The film's title comes from an interview seen near the conclusion of the documentary. Robert Oppenheimer is asked for his thoughts on Sen. Robert F. Kennedy's efforts to urge President Lyndon Johnson to initiate talks to stop the spread of nuclear weapons. "It's 20 years too late," Oppenheimer replies. After a pause, he states, "It should have been done the day after Trinity."

==Interviewees==
In order of first appearance
- Haakon Chevalier – writer, friend of J. Robert Oppenheimer
- Hans Bethe – Los Alamos physicist, Nobel laureate in physics
- Francis Fergusson – writer, friend of J. Robert Oppenheimer
- Robert Serber – physicist, Los Alamos
- Robert Wilson – physicist, Los Alamos
- Frank Oppenheimer – physicist, Los Alamos, brother of Robert Oppenheimer
- I.I. Rabi – Manhattan Project physicist, Nobel laureate
- Freeman Dyson – physicist, Institute for Advanced Study
- Stirling Colgate – physicist, Los Alamos
- Stan Ulam – mathematician, Los Alamos
- Robert Porton – G.I., at Los Alamos during World War II
- Françoise Ulam – writer, wife of Stanislaw Ulam
- Dorothy McKibbin – former head, Manhattan Project office, Santa Fe, New Mexico
- Robert Krohn – physicist, Los Alamos
- Jane Wilson – writer, wife of Robert Wilson
- Jon Else – filmmaker, interviewer
- Holm Bursom – rancher, Socorro, New Mexico
- Dave MacDonald – rancher, Socorro, New Mexico
- Susan Evans – resident, New Mexico
- Elizabeth Ingram – merchant, San Antonio, New Mexico

==Interviewees in archival film==
- J. Robert Oppenheimer
- General Leslie Groves
- President Harry Truman
- Senator Joseph McCarthy

==Production==
David Peoples noted the experience of the film, which he worked with his wife Janey and director Jon H. Else:
Janet and I first collaborated on a film very early on when I was still a film editor. Jon Else, who was a giant in documentary filmmaking asked me to edit and write with him on a picture about Robert Oppenheimer. At that point Janet said she was going to write a book about Oppenheimer and she knew more than I did about him, so Jon said why doesn’t she write with us. I went on editing the film. Jan, Jon and I worked on the writing. All three of us admired tremendously, Donald Brittain at the Canadian film board who made a wonderful film called Volcano about the life of Malcolm Lowry who wrote Under the Volcano. It’s a beautiful film about him with no narration and just one interview after another. We all agreed that that’s what we wanted to do – make a documentary with no narration. So, Janet and I set out all the books and forming the narrative. We wrote a fictional documentary with them saying things we wanted them to say. Jon got many wonderful interviews, but we couldn’t get the interviews to tell the whole story and we needed the narration. So, we worked on that. Day After Trinity was a great experience.
==Home media==
The Day After Trinity was released on VHS cassette by Pyramid Home Video, and on Region 1 DVD by Image Entertainment. A CD-ROM that was released in 1995 included interviews, transcripts, annotations, biographies, and other information.
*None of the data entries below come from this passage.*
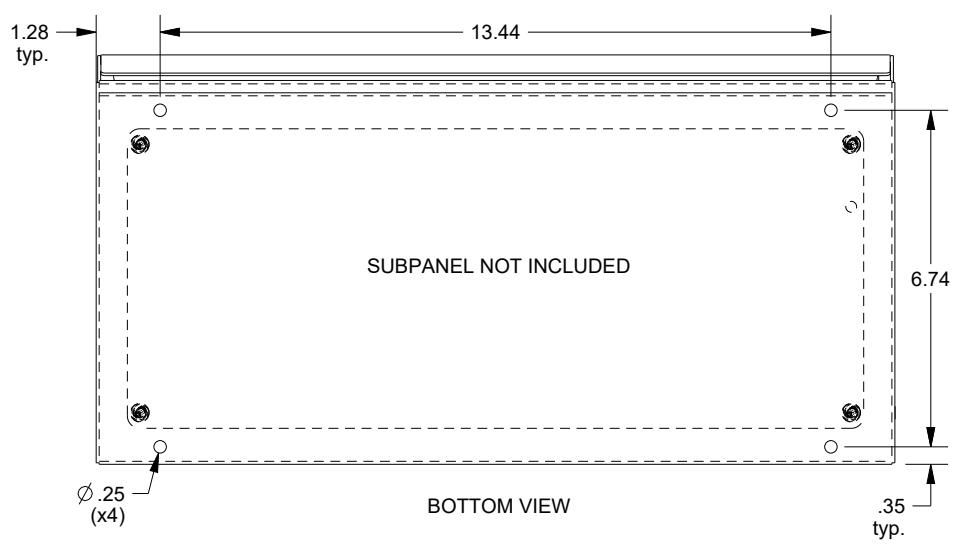

SAGINAW CONTROL & ENGINEERING

SCE-8C16ELJ

TOP VIEW

LEFT SIDE VIEW

FRONT VIEW

RIGHT SIDE VIEW

REAR VIEW

BOTTOM VIEW
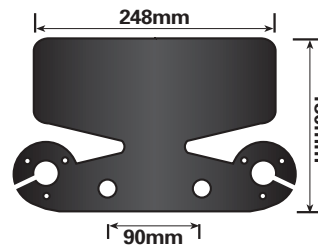

**Large bumper
protector
black finish**

MP4431

MP443
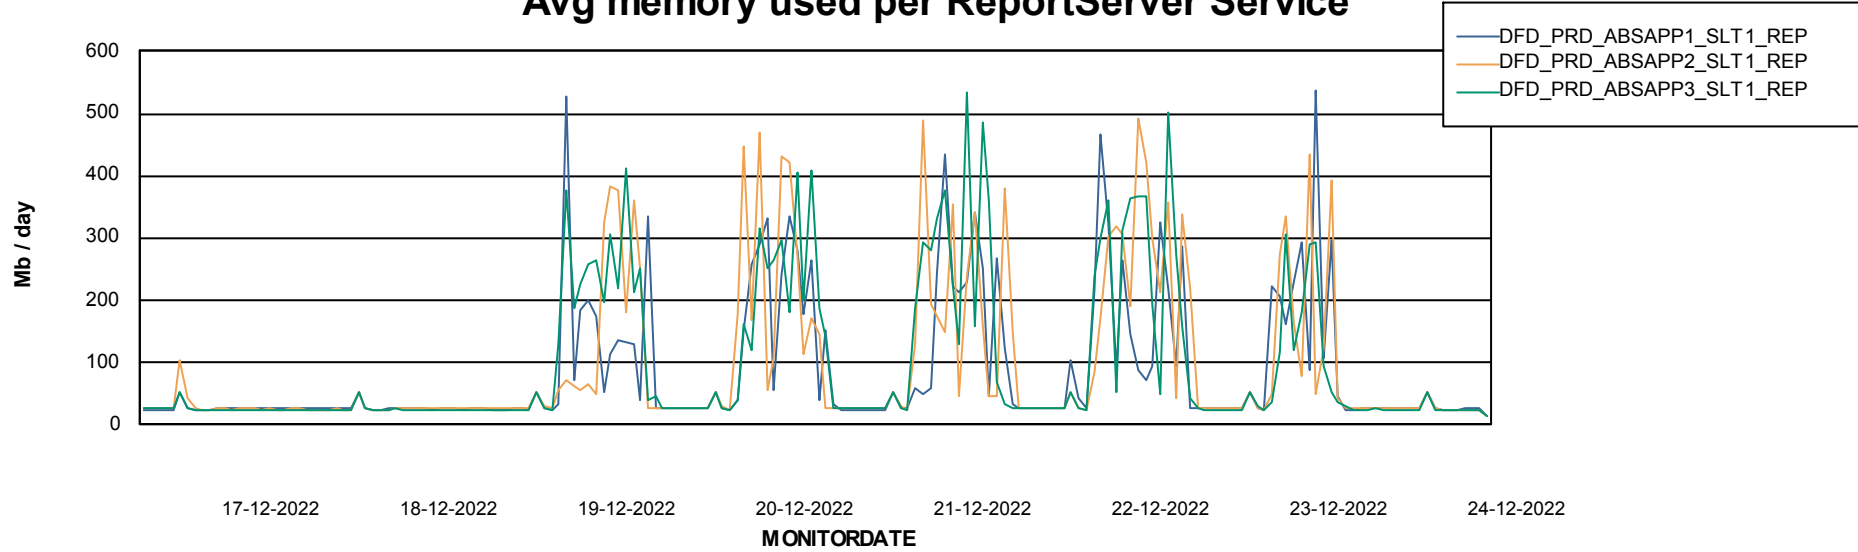

ABSSolute Application ReportServer Services

Avg memory used per ReportServer Service
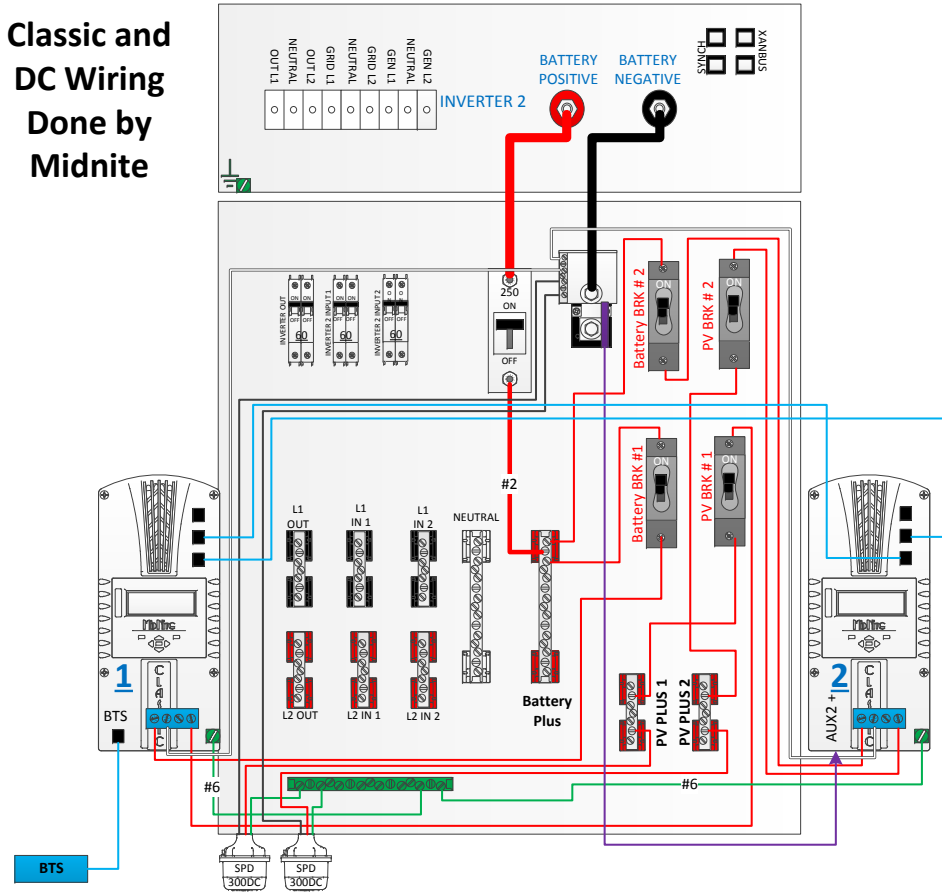

	BATT BREAKER	PV BREAKER	PV WIRE
CL150	MNEDC100	MNEDC70	#4 AWG
CL200	MNEDC80	MNEDC60-300	#6 AWG
CL250	MNEDC70	MNEDC60-300	#6 AWG

Classic and DC Wiring Done by Midnite

WIRING DONE BY CUSTOMER
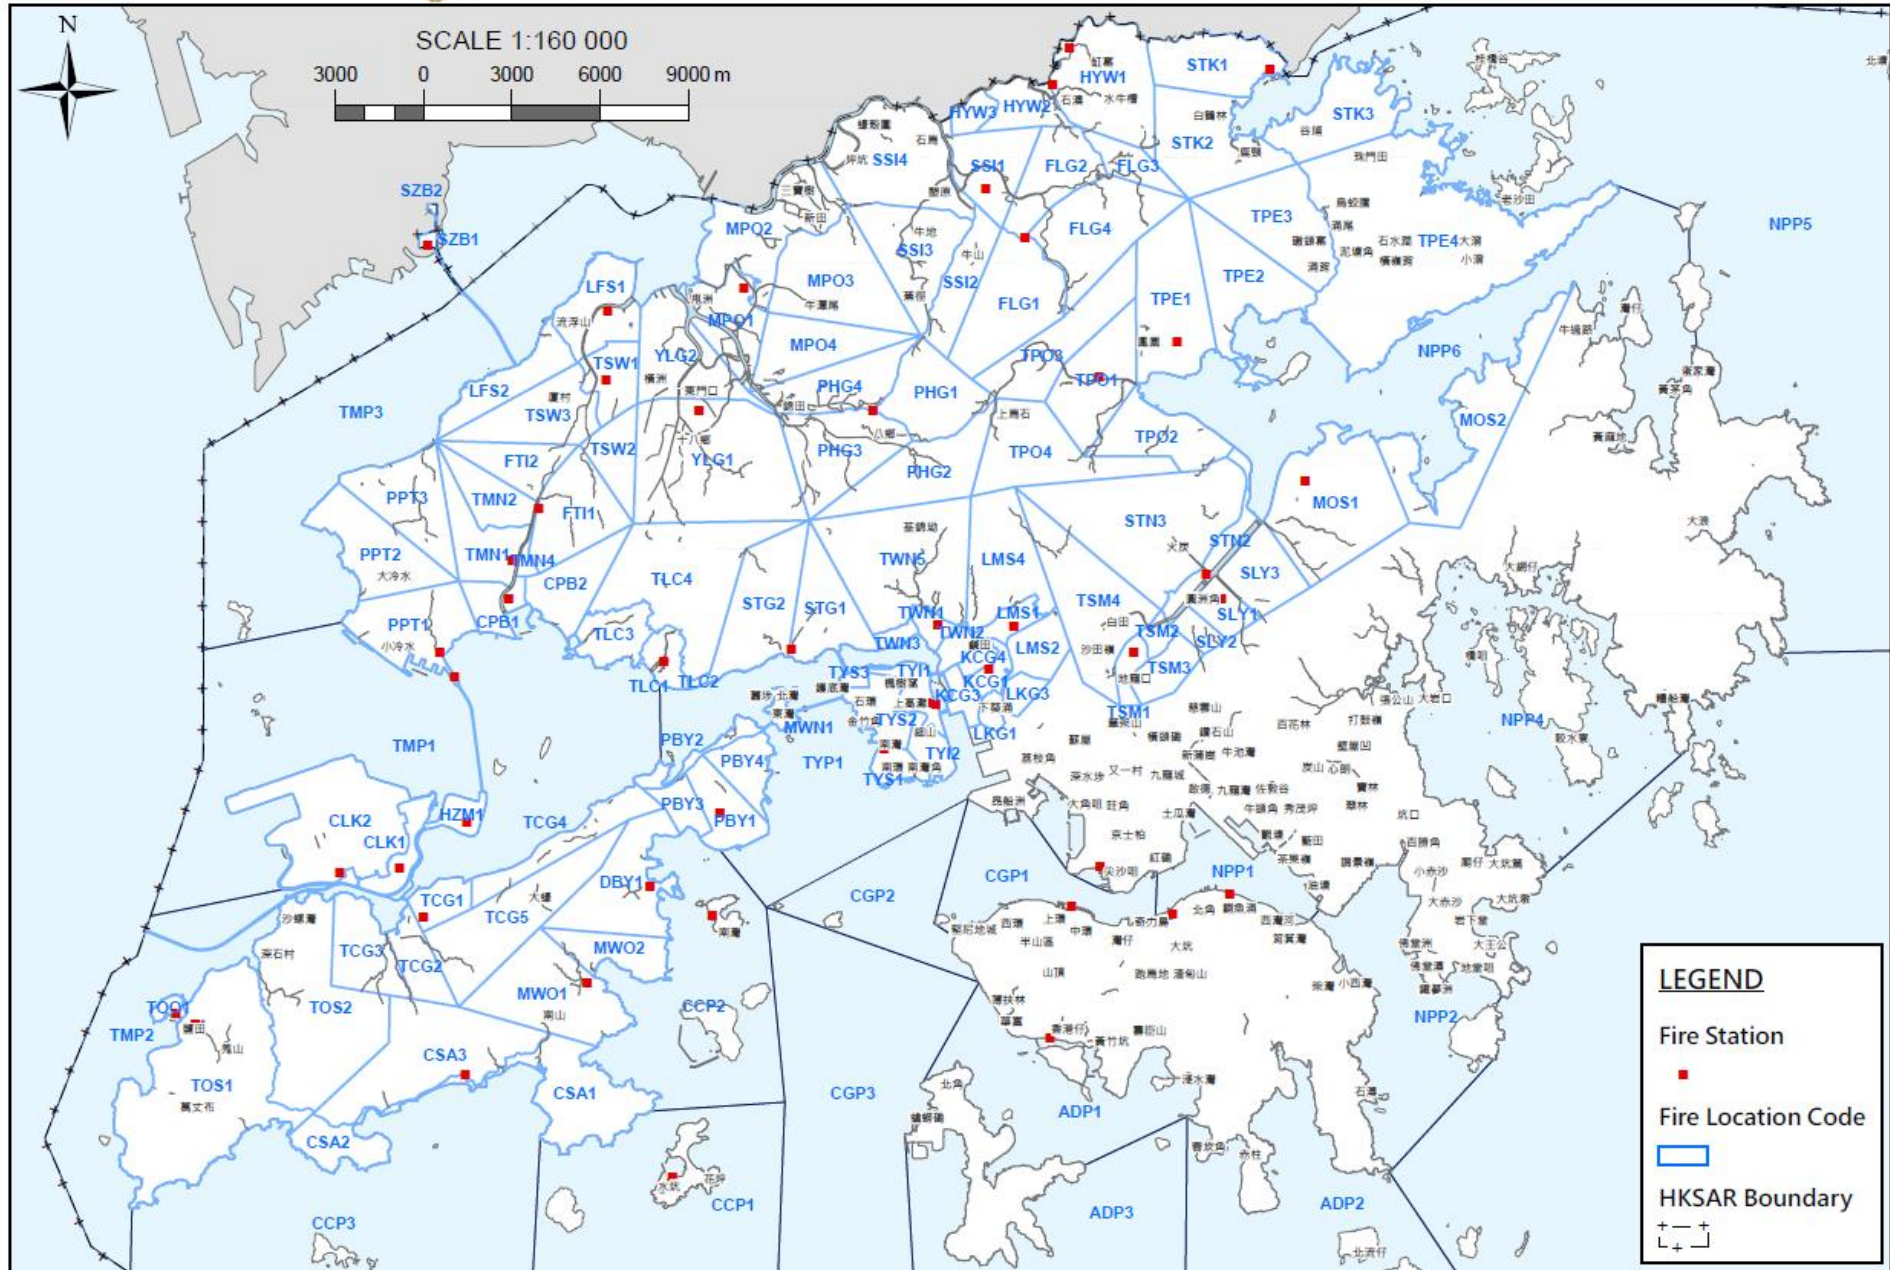

FSD Fire Location Code Boundary (NT)

FSD Fire Location Code Boundary (HKI)

FSD Fire Location Code Boundary (KL)

Prepared on 27 April 2023 (Map Version V2023.004), GIS Team, ITMU, FSD
* For Internal Use Only. Maps are provided by Lands Department. Copyright reserved - reproduction by permission only
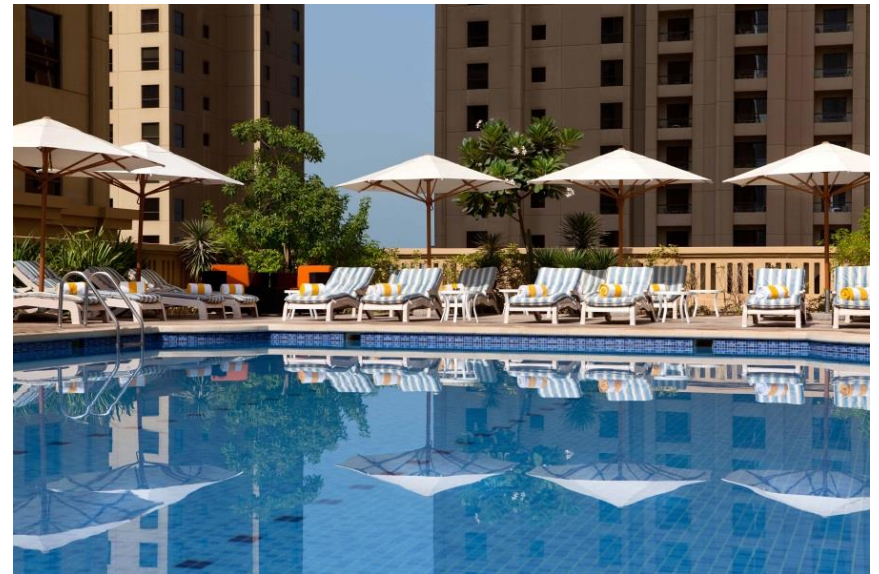

RECREATIONAL FACILITIES

- Health Club with sauna
- Temperature controlled outdoor swimming pool
- Hair & Beauty Salon
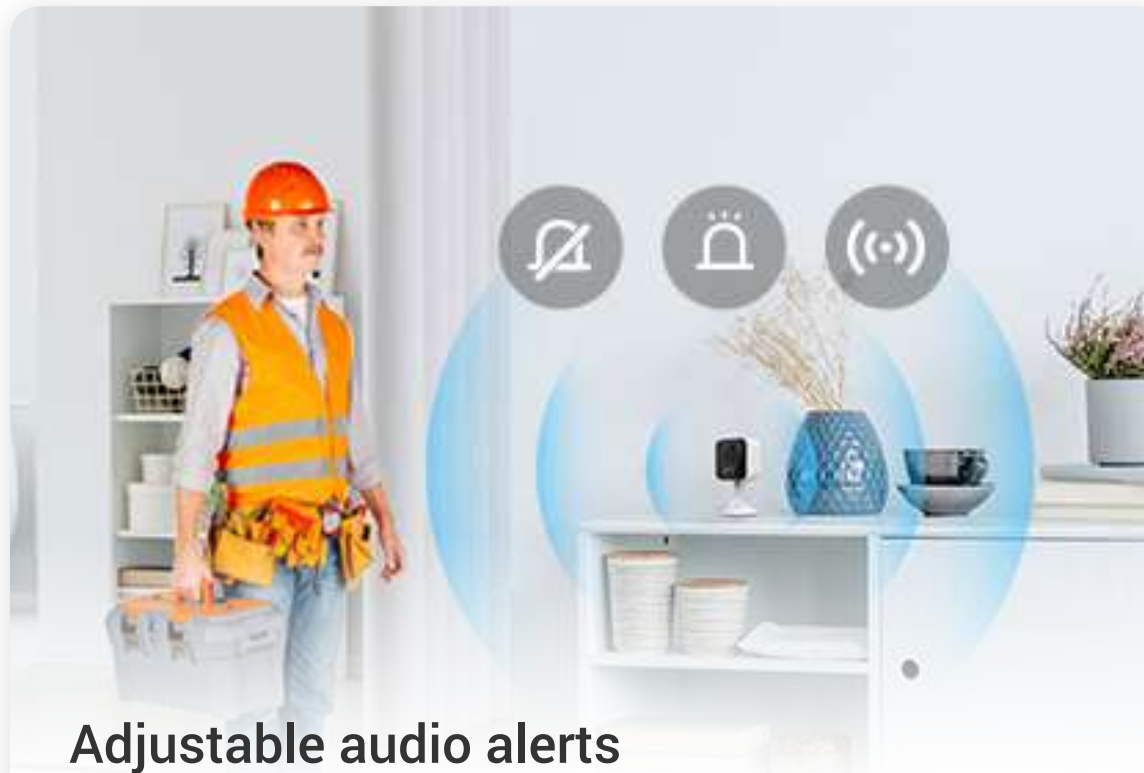

H1c Type-C

Smart Home Wi-Fi Camera

Peace of mind delivered in a petite way

Simple but reliable, the H1c can be your essential indoor camera to keep an eye on your kids and pets, while offering protection to your home from day to night. As a petite, plug-in camera that fits any home space, the camera gets all the basics right. It offers great video quality, sharp night vision, motion detection and two-way audio, and provides extra convenience with its easy-to-install design, sleep mode, three sound-alert modes, and more.

Peace of mind at night

The camera protects your sweet dreams even in dim lights. It captures activities with sharp night vision of up to 10 meters (32 feet).

Instant, insightful notifications

The camera captures motions and alerts you immediately. You can view alert details and replay captured videos all on your mobile phone.

Super easy installation

Setting up the H1c is a breeze. Place it on any flat surface, or snap it onto any metallic wall with the included magnetic base.

Adjustable audio alerts

You can now hear camera detections from afar. The H1c offers three audio alert modes – silent, short beep, and siren.

Real-time communication

The H1c's full-duplex audio allows you to talk to your loved ones from wherever you are, by simply using the EZVIZ App.

Alexa, show me the baby's room.

Hands-free control

With integration to your voice assistants, you can pull up the video feed by simply saying "Alexa" or "Hey Google".¹

In July 2023, after the release of Christopher Nolan's Oppenheimer, the Criterion Channel streamed The Day After Trinity for free; it was one of the service's most-streamed films during that time. It is also available for free viewing and download at the Internet Archive.

==Reviews==

The beginning of the nuclear age is not a single subject, but a series of subjects that lead one to another in an unending chain reaction...That this is tacitly recognized is the most valuable aspect of The Day after Trinity: J. Robert Oppenheimer and the Atomic Bomb, Jon Else's documentary feature that opens today (January 20, 1981) at the Public Theater. The film serves as a kind of introduction to a period of history that is very easily ignored in favor of subjects of far less immediate concern. Mr. Else, and the movie, share with Oppenheimer an awful suspicion that when the first bomb was successfully detonated on the New Mexico desert in July 1945, it signaled the beginning of the end.
— Vincent Canby, The New York Times

==Awards==
The Day After Trinity was nominated for an Academy Award for Best Documentary Feature of 1980, and received a Peabody Award in 1981. The film also won a CINE Golden Eagle Award.